Records drawn from a dataset:
________________________________________

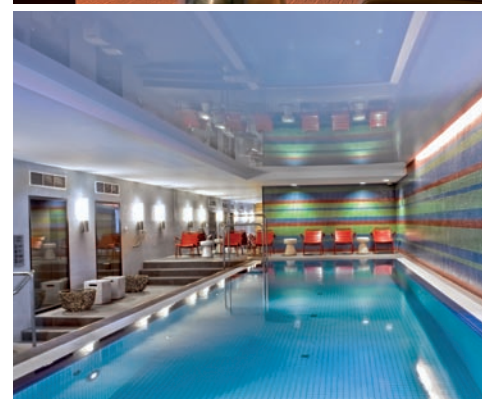

make yourself at home

Adina Apartment Hotel Berlin Hauptbahnhof

Situated just minutes away from the largest crossing station in Europe, this hotel is the perfect base for corporate and leisure travellers. Located in the historic Berlin Mitte area, the hotel is an easy 10 minute walk from a wide variety of retail outlets, cafes, bars and restaurants.

Popular attractions such as the German Parliament, Brandenburg Gate, Museum of Natural History and Revue Theatre are also within close proximity and Berlin Tegel Airport is just a 20 minute drive away.

Apartment Facilities

- 139 one & two bedroom apartments and studio apartment rooms
- Separate lounge/dining/work area*
- Fully equipped kitchen*
- Minibar
- Fully equipped laundry*
- Individual climate control air conditioning
- iPod docking station
- Broadband
- Voicemail
- Cable television & in-room movies
- In-room safe

Hotel Facilities

- 24 Hour reception
- Dry cleaning
- Alto Restaurant Bar
- Indoor swimming pool and sauna
- Gymnasium
- Conference Facilities
- Car Parking (fees apply)
- Hotel Outdoor Area
- Internet Access
- Room Service
- Grocery delivery service
- Non-Smoking Hotel

Conferences & Functions

- Three conference/function rooms
- Theatre style capacity for up to 120 people

* In one and two bedroom apartments

www.adina.eu
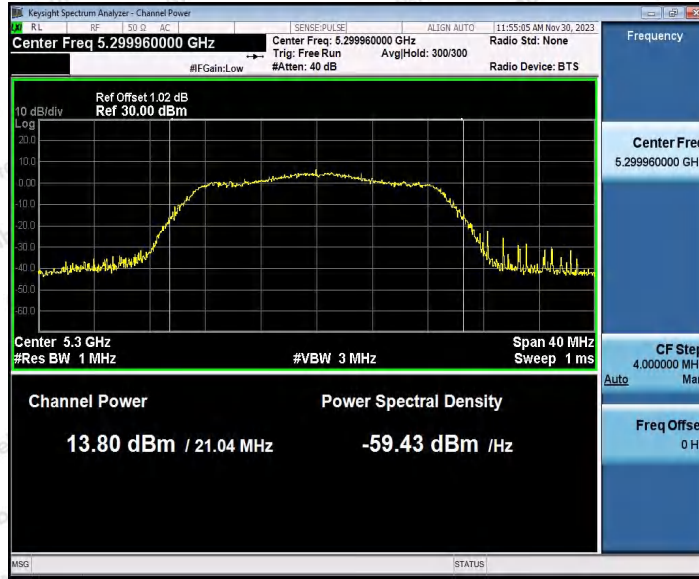

11AC20SISO_Ant1_5300

________________________________________

** To do **
Pictures are not part of the copy. Extract exactly the lines from the line containing "- Voicemail" through the final line of the entries above, both included.

** Exercise response **
- Voicemail
- Cable television & in-room movies
- In-room safe

Hotel Facilities

- 24 Hour reception
- Dry cleaning
- Alto Restaurant Bar
- Indoor swimming pool and sauna
- Gymnasium
- Conference Facilities
- Car Parking (fees apply)
- Hotel Outdoor Area
- Internet Access
- Room Service
- Grocery delivery service
- Non-Smoking Hotel

Conferences & Functions

- Three conference/function rooms
- Theatre style capacity for up to 120 people

* In one and two bedroom apartments

www.adina.eu

11AC20SISO_Ant1_5300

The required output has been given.